Trust is paramount. RapidQuake includes an independent validation subsystem that continuously polls official USGS (United States Geological Survey) data. It cross-references confirmed earthquakes with the system's past predictions to audit accuracy and refine the AI model over time.
- Location Tracking: The system securely receives the user's current position.
- Inference: These coordinates are fed into the AI model, which analyzes geological stability in that sector.
- Decision Making:
- Low Risk: The system continues monitoring silently.
- High Risk: The system triggers an immediate alert event.
- Notification: A visual and auditory advisory is pushed to the user's interface.
- Validation: Post-event, the system compares its prediction against official government data to measure success.

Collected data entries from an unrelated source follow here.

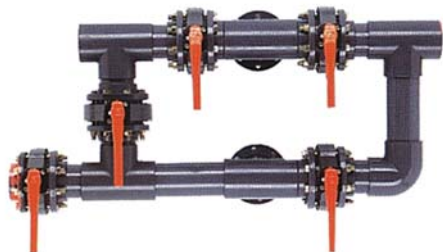

BATTERIE DI 4 VALVOLE BATTERY OF 4 MANUAL

DESCRIZIONE/ DESCRIPTION

- Batterie frontali di comando manuali a 4 valvole a farfalla, realizzate in PVC PN 10.
Front control battery of manual 4 butterfly valves, made in PVC PN10.
- Funzionamento di Filtrazione, Controlavaggio, Scarico e Ricircolo.
Operation of Filter, Backwash, Waste & Circulate.
- Set valvola contiene raccordi, valvole a farfalla con flange, guarnizioni, bulloni e dadi.
Valve set includes fittings, butterfly valves with flanges, rubber joints, bolts and nuts.

CARATTERISTICHE TECNICHE / TECHNICAL FEATURES

Codice Code	Ø	Lunghezza Length mt	Larghezza Width mt	Altezza Height mt	Imballaggio Packing	Peso Weight Kg	Volume m³	Valvole manuali Manual valves Price list (€)	Valvole motorizzate Motorized valves Price list (€)	Valvole pneumatiche Pneumatic valves Price list (€)
011401	75	0,8	0,8	0,40	1	33	0,256			
011402	90	0,8	0,8	0,40	1	40	0,256			
011403	110	0,8	0,8	0,40	1	62	0,256			
011404	125	0,8	0,8	0,61	1	70	0,390			
011405	140	0,8	0,8	0,63	1	78	0,403			
011406	160	0,85	0,85	1,18	1	84	0,853			
011407	200	0,85	0,85	1,18	1	90	0,853			
011408	225	0,85	0,85	1,22	1	98	0,881			

BATTERIE DI 5 VALVOLE BATTERY OF 5 VALVES

DESCRIZIONE/ DESCRIPTION

- Batterie frontali di comando manuali a 5 valvole a farfalla, realizzate in PVC PN 10.
Front control battery of manual 5 butterfly valves, made in PVC PN10.
- Funzionamento di Filtrazione, Controlavaggio, Scarico, Risciacquo e Ricircolo.
Operation of Filter, Backwash, Waste, Rinse & Circulate.
- Set valvola contiene raccordi, valvole a farfalla con flange, guarnizioni, bulloni e dadi.
Valve set includes fittings, butterfly valves with flanges, rubber joints, bolts and nuts.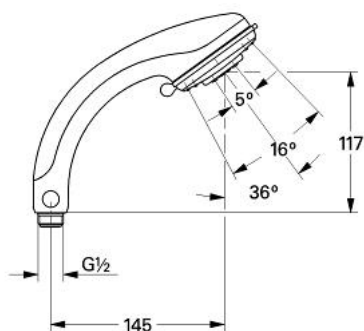

## 28 176 LG0 RELEXA PLUS 80 PULSATOR PARĂ DE DUȘ CU 2 PULVERIZĂRI

### DESCRIEREA PRODUSULUI

- Pulsator/Normal
- jet apă reglabil
- sistem anti-calcar GROHE SpeedClean
- îmbinare încorporată rapidă Grohclick
- funcția TwistStop pentru prevenirea răsucirii furtunului
- compatibil cu boilere
- GROHE CoolTouch
- optional piesa de legătură cu ventil de reglare a debitului 9,5 l/min. la un debit maxim de 1-6 bari (28637XX)
- suprafață GROHE LongLife

### PIESE DE SCHIMB , ianuarie 1991 – now

- 1: kit de înlocuire pentru duș (Spare part-nr. 45656XX0)
- 2: placă de trasare cu jet de apă (Spare part-nr. 45657LG0)
- 3: Piesă de legătură (Spare part-nr. 28635XX0)
- 3.1: Disc de etanșare Ø11 x Ø2 (Spare part-nr. 0122400M)
- 4: Filtru impuritati (Spare part-nr. 0700200M)
- 5: Cheie de dezasamblare (Spare part-nr. 45654000)

- Life Safety: Providing seconds or minutes of lead time allows individuals to move away from glass, secure heavy objects, or exit dangerous structures.
- Infrastructure Protection: Future iterations could automate shutting down gas lines, stopping trains, or pausing heavy machinery based on high-probability forecasts.
- Data Science Application: Demonstrates the viable application of Supervised Machine Learning in the field of disaster management and geology.
Email: arjunpatil011@gmail.com
Disclaimer: RapidQuake is an experimental project developed for educational and research purposes. It is not intended to replace official government emergency alert systems.